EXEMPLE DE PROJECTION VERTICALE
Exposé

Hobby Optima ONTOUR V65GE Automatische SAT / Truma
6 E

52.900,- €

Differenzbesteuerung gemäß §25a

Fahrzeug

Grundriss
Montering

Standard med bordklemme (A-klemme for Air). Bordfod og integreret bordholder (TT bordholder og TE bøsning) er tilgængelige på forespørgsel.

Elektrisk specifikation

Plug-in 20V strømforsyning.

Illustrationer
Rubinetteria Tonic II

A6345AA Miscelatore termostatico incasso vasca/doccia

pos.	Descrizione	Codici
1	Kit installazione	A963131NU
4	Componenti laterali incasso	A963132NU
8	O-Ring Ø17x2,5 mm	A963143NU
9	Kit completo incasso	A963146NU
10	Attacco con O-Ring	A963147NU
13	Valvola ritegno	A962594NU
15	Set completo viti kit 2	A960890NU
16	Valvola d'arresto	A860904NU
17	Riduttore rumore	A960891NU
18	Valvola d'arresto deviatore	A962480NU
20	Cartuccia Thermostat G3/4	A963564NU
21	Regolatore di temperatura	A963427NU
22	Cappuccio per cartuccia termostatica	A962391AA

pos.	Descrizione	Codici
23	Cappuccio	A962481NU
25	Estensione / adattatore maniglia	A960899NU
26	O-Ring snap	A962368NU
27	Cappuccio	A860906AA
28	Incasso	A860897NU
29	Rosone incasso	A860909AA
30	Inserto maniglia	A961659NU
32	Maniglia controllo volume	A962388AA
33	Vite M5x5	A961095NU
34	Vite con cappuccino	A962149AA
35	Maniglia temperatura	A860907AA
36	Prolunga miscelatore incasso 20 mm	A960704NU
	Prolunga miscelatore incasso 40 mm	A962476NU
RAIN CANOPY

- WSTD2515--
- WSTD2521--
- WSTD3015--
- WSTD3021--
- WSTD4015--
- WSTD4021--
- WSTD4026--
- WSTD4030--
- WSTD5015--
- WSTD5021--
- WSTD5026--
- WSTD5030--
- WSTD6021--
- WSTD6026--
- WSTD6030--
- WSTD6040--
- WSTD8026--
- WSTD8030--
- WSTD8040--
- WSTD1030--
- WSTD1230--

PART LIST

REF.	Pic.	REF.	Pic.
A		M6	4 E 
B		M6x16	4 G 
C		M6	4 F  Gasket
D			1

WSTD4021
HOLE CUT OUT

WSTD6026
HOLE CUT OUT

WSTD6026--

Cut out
* * *
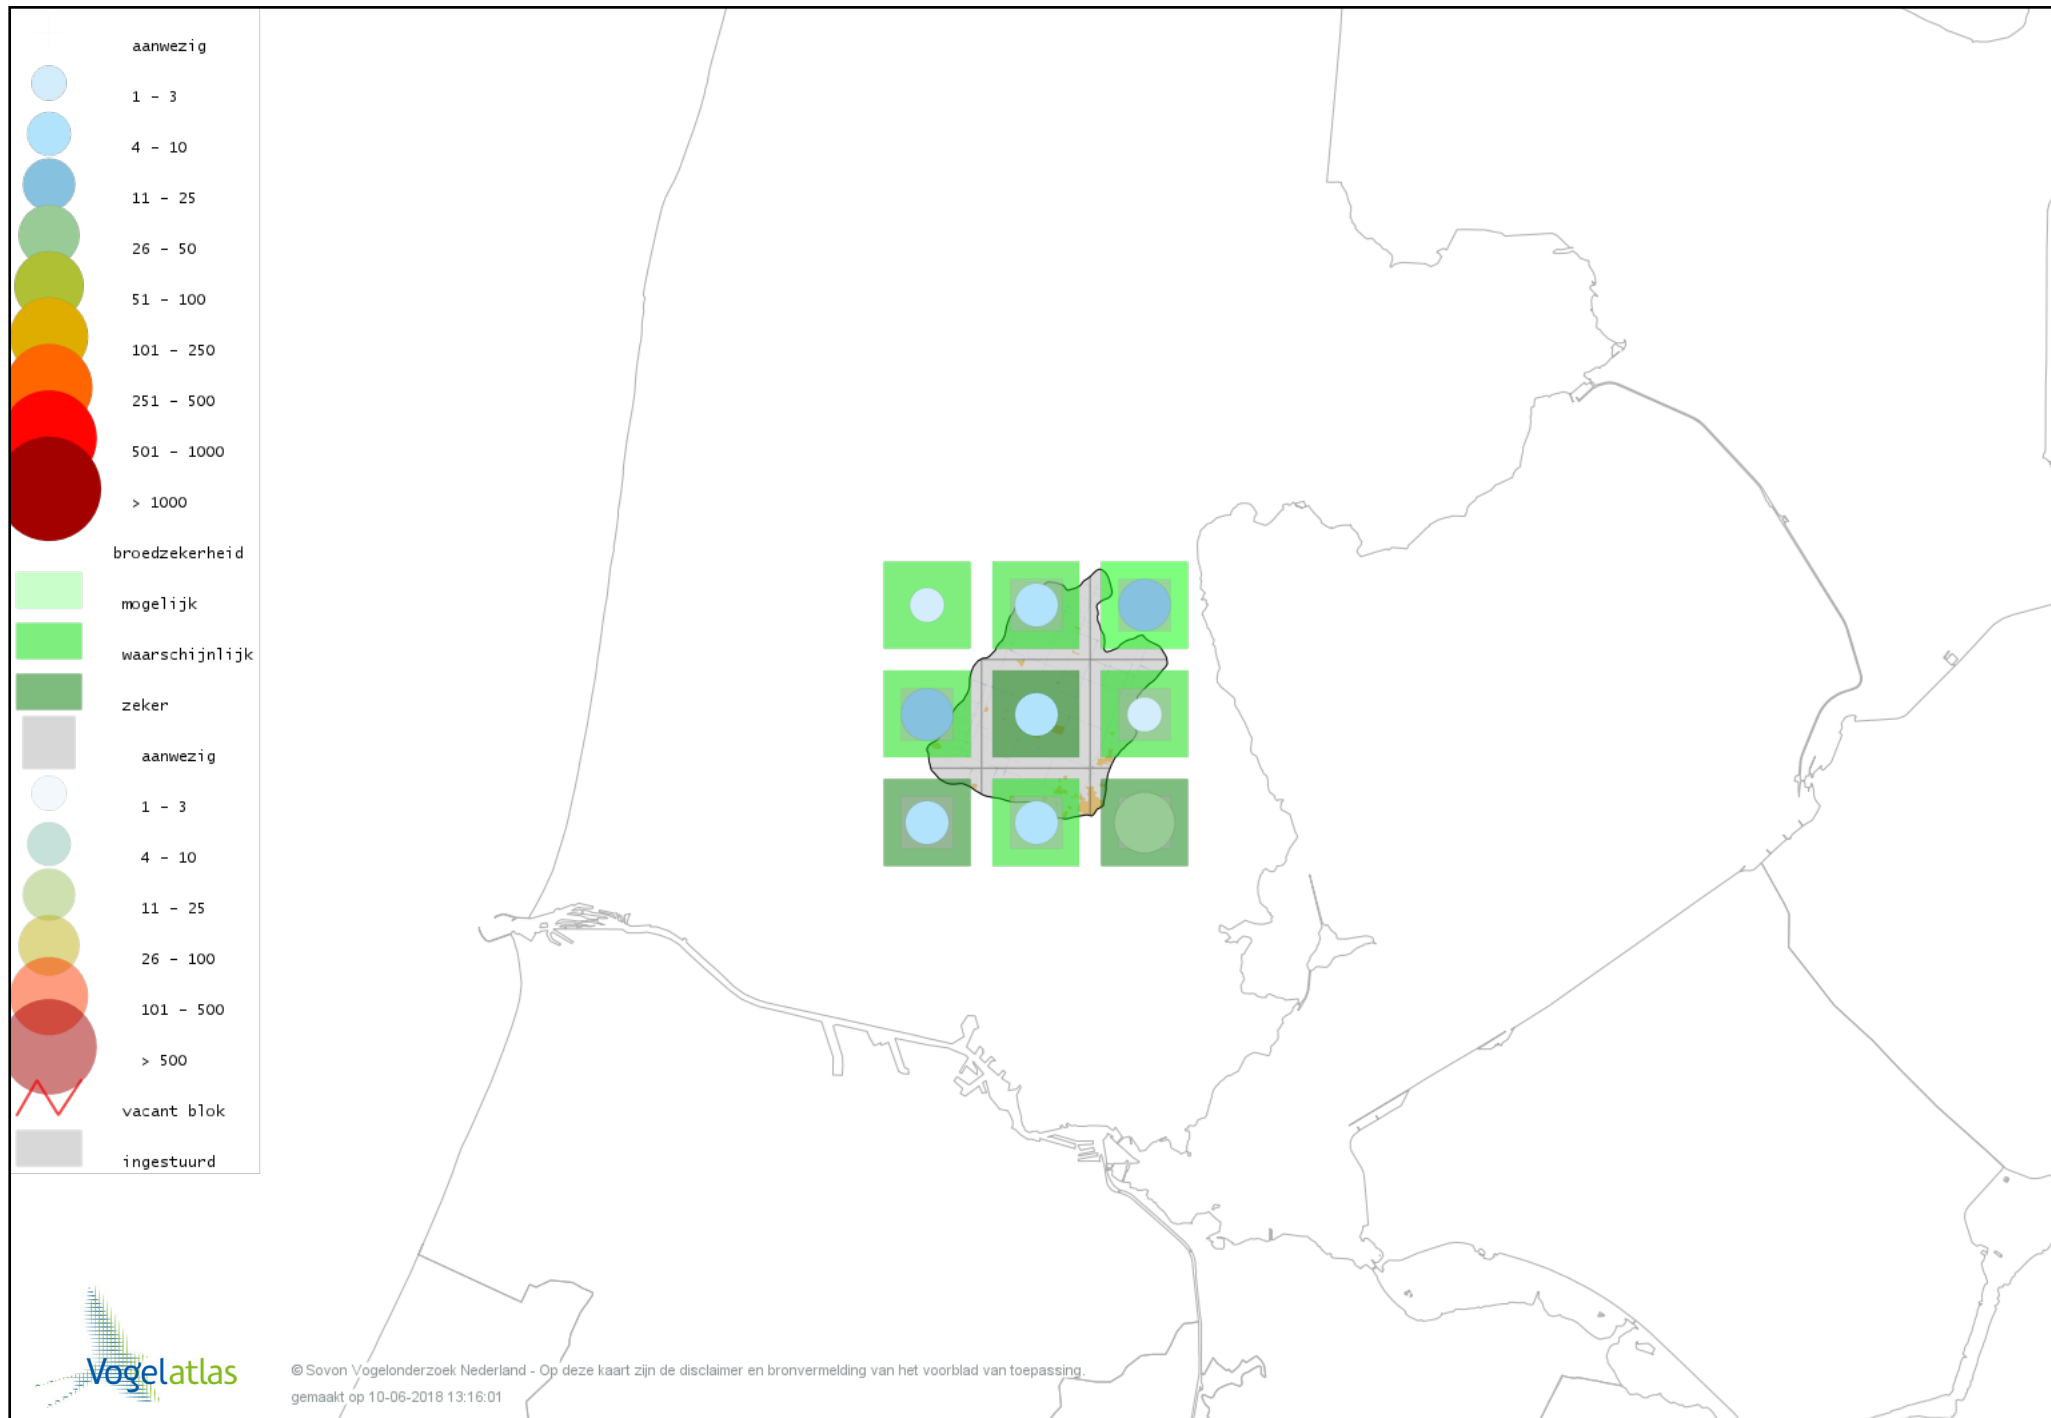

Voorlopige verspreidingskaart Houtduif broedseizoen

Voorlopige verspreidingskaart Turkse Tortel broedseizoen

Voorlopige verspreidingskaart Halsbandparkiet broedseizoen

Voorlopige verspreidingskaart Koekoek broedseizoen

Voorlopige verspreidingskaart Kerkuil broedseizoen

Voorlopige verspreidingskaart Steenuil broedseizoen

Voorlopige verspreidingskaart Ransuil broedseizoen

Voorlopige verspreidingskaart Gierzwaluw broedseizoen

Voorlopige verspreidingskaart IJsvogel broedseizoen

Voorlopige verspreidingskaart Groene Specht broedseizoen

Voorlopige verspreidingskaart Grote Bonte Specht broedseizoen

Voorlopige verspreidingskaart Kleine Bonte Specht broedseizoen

Your objective: What is needed here is one number: how many lines of the entries hold the string "Vite".

Reply to the exercise: 2